Being healthy isn’t something reserved simply for those with a high bank balance. While you do have to invest in yourself, managing your weight, lowering stress levels, and treating your body well don’t have to take a toll on you, your work, or your family. In fact, some things, such as changing careers to lower your anxiety levels and learning how to cook at home, will positively impact everyone.
1. Focus on Nutrition
We live in a fast-moving world. Because of this, we often find that we don’t have the time to spend cooking each day. Unfortunately, this leads to prepackaged products and lengthy drive-through lines, both of which are a fast track to poor health. Because your diet largely influences your overall health, you have to commit to eating well. This might mean swapping sugary cereal for protein-packed eggs or spending a Sunday afternoon packing lunches for the next several days. An avocado burrito, chicken salad mason jar, or quinoa bowls are all easy-to-store alternatives to burgers and fries. Eating well is also a great way to give yourself the energy to get through the workday.

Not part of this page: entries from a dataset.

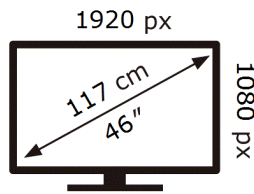

Samsung

VM46B-U

128 kWh/1000h

2019/2013

ENERG ⚡

Samsung

VM46B-U

128 kWh/1000h
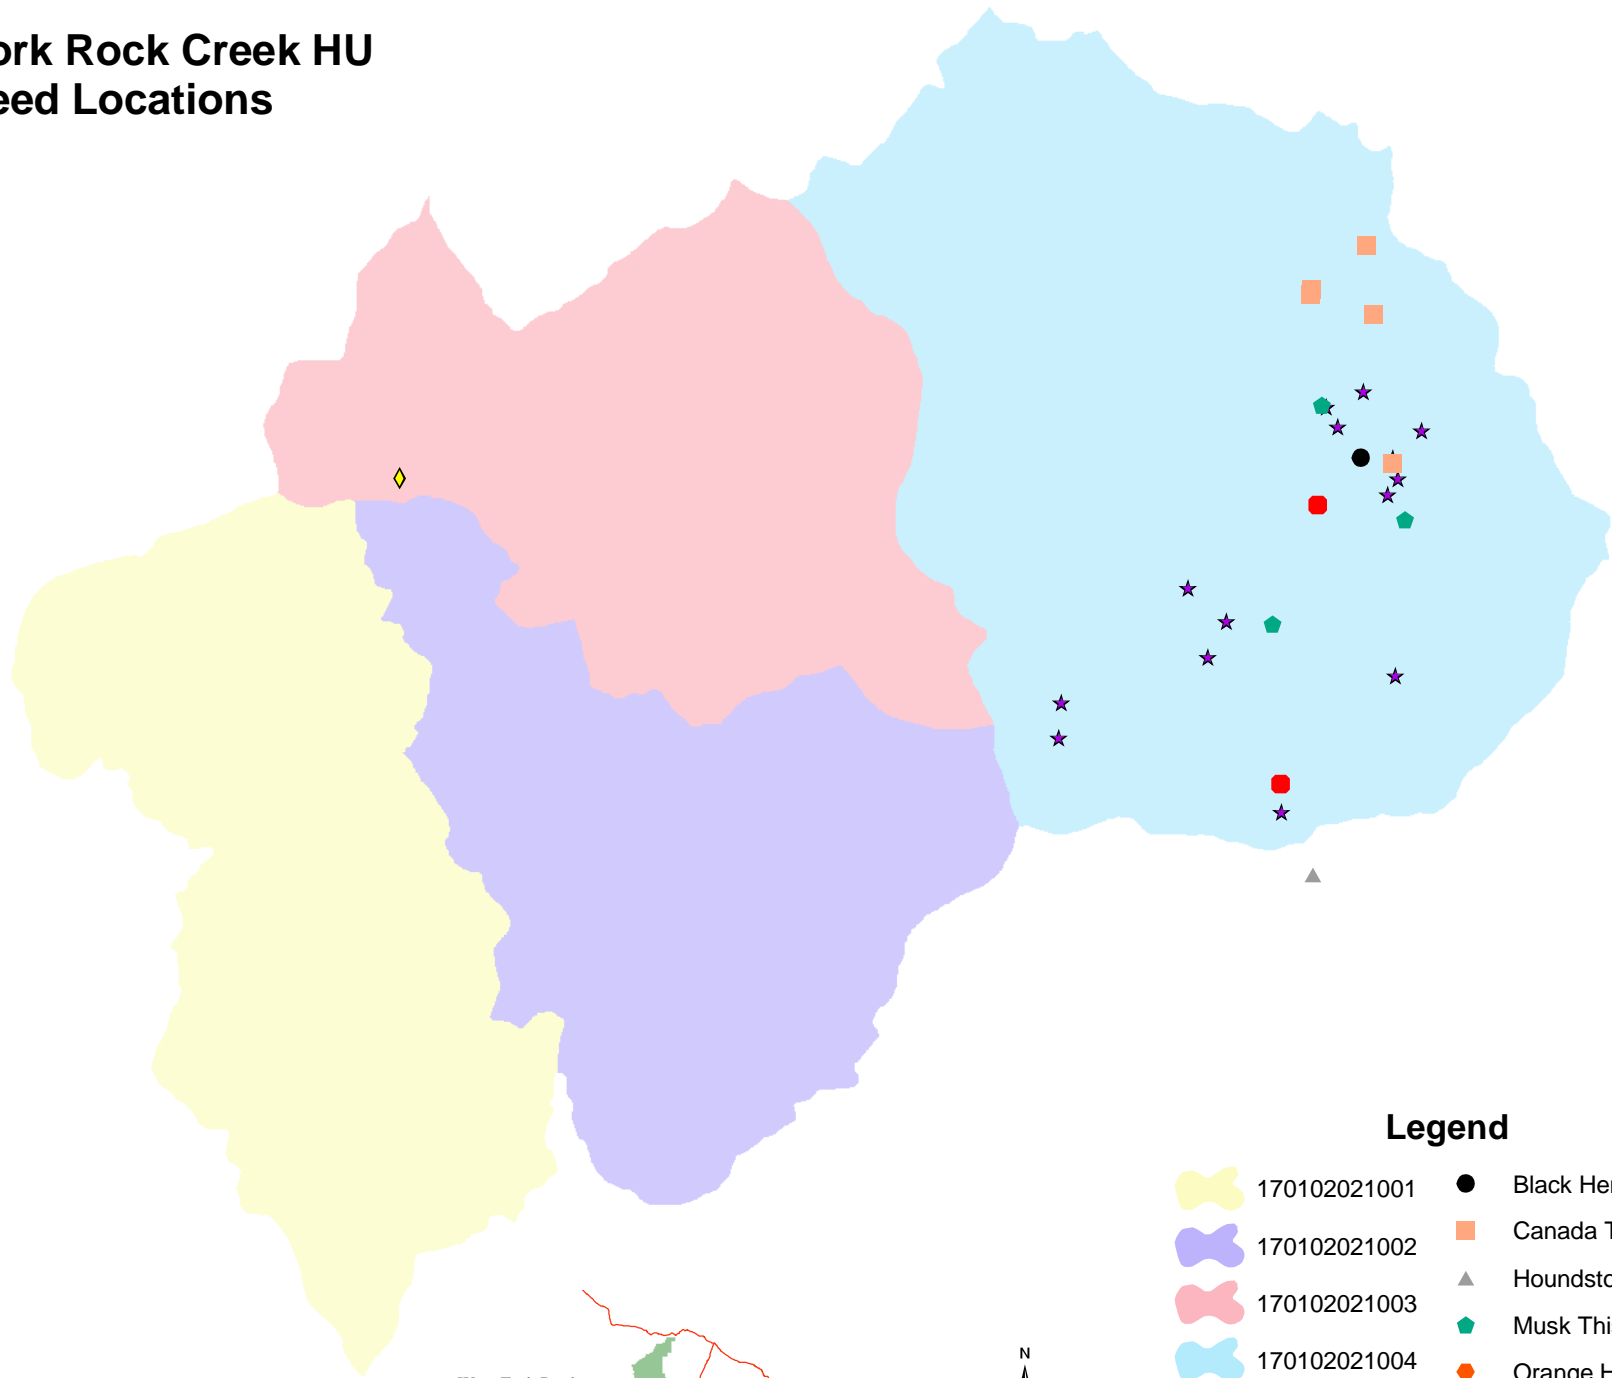

# West Fork Rock Creek HU Weed Locations

## Legend

- |   |              |   |                  |
|---|--------------|---|------------------|
|  | 170102021001 |  | Black Henbane    |
|  | 170102021002 |  | Canada Thistle   |
|  | 170102021003 |  | Houndstongue     |
|  | 170102021004 |  | Musk Thistle     |
|   |              |  | Orange Hawkweed  |
|   |              |  | Oxeye Daisy      |
|   |              |  | Spotted Knapweed |
|   |              |  | Tall Buttercup   |

0 1 2 3 4 Miles
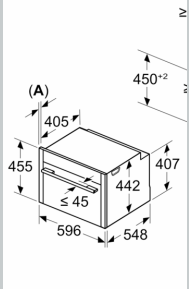

N 90, BUILT-IN COMPACT OVEN WITH STEAM
FUNCTION, 60 X 45 CM, FLEX DESIGN
C29FY5CY0

Measurements in mm
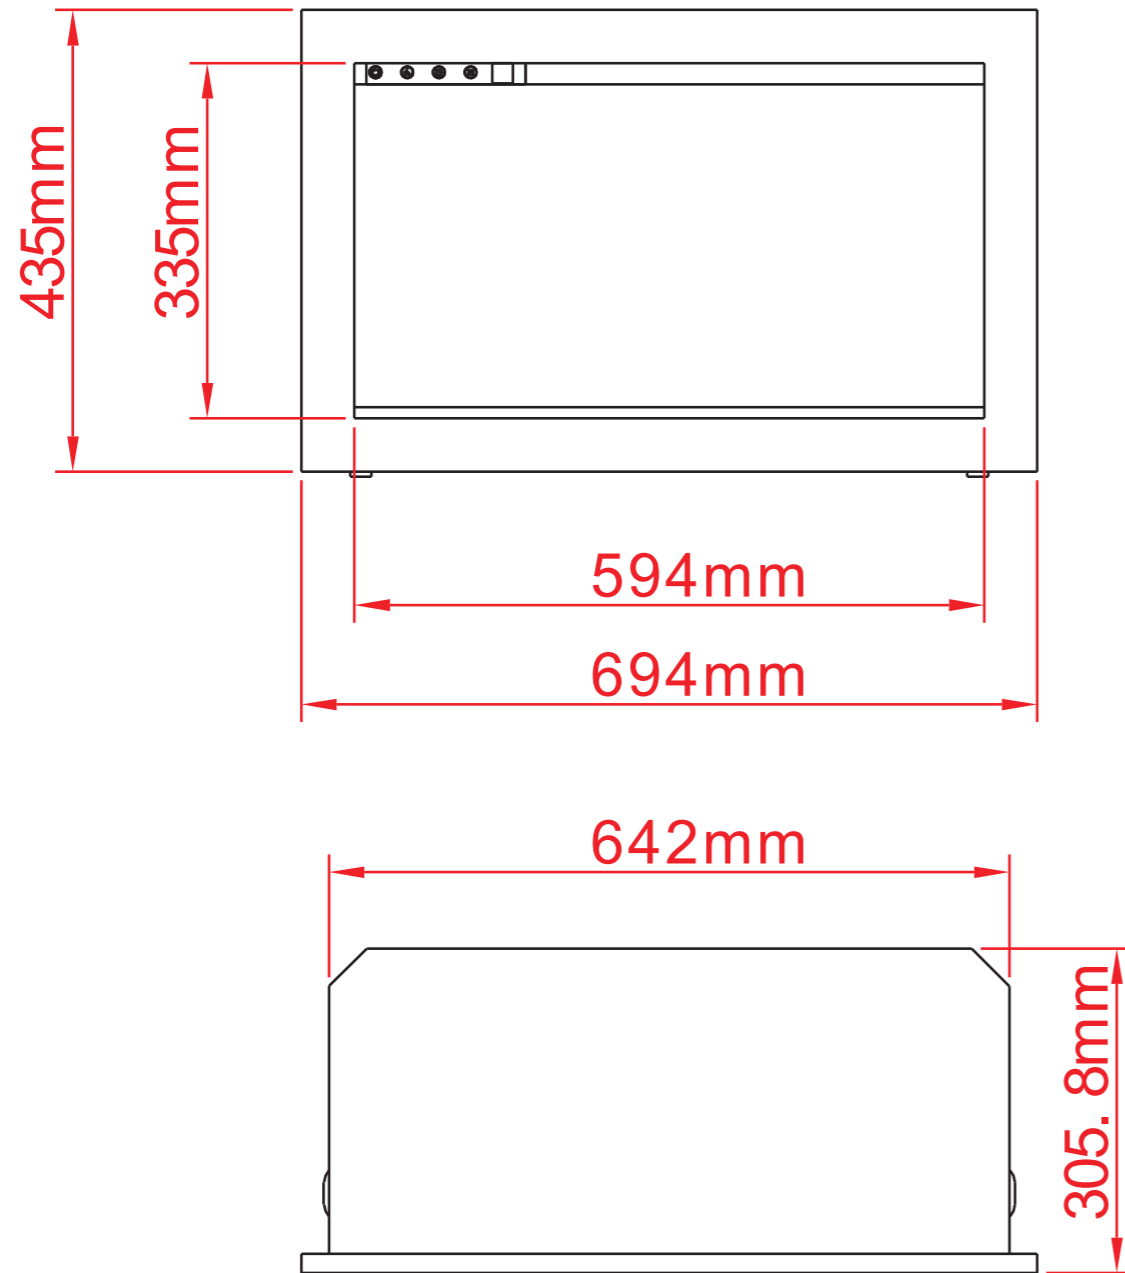

### TECHNICAL SPECIFICATIONS

VOLTS	120V 60Hz	
AMPS	10	
WATTS	1200 W	
HEATER	HIGH	1200 watts
	LOW	600 watts
NO HEATER	22 watts	
LAMPS	TYPE	LED
	WATTS	
	TOTAL WATTS	22 watts
ROTOR MOTOR	1 at 5 watts	
HEIGHT,WIDTH,DEPTH	16 3/4" x 25 1/4" x 11 3/8"	
GLASS VIEWING OPENING	15 1/2" X 27 1/2"	
GLASS SIZE	15 1/2" X 27 1/2"	
SHIPPING SIZE	21 4/8" x 33 7/8" x 14 5/8"	
SHIPPING WEIGHT	UNIT	42.3 lbs
	GLASS FRONT	Included
PLUG LOCATION	Left Side	
CORD LENGTH	76"	
APPROX. HEATING AREA	400 sq ft	

SERIES	MODEL		REV
TRADITIONAL	TRD-26		1
SCALE 1"=1'-0"	DATE: 8/5/2019	SHEET 1 OF 1	

### TECHNICAL SPECIFICATIONS

VOLTS	120V 60Hz	
AMPS	10	
WATTS	1200 W	
HEATER	HIGH	1200 watts
	LOW	600 watts
NO HEATER	22 watts	
LAMPS	TYPE	LED
	WATTS	
	TOTAL WATTS	22 watts
ROTOR MOTOR	1 at 5 watts	
HEIGHT,WIDTH,DEPTH	42.5 x 64.2 x 28.8 cm	
GLASS VIEWING OPENING	33.5 X 59.4 cm	
GLASS SIZE	33.5 X 59.4 cm	
SHIPPING SIZE	48.5 x 75.7 x 37 cm	
SHIPPING WEIGHT	UNIT	19.2 Kgs
	GLASS FRONT	Included
PLUG LOCATION	Left Side	
CORD LENGTH	193 cm	
APPROX. HEATING AREA	37 sqm	

SERIES	MODEL		REV
TRADITIONAL	TRD-26		1
SCALE 1:12	DATE: 8/5/2019	SHEET 1 OF 1

A quick note here: Don’t try and justify drive-through salad as healthy. CNBC notes that at least one popular fast-food chain hides more calories in their salads than they do their most seemingly unhealthy menu items.
2. Practice Stress Management
An area that some people don’t even consider when it comes to their health is their employment situation. Unfortunately, a toxic workplace can make you gain weight, sleep too little, and even compromise your immune system. If you notice any of these issues, or if you simply don’t want to go to work each day, it might be time to pursue a new career.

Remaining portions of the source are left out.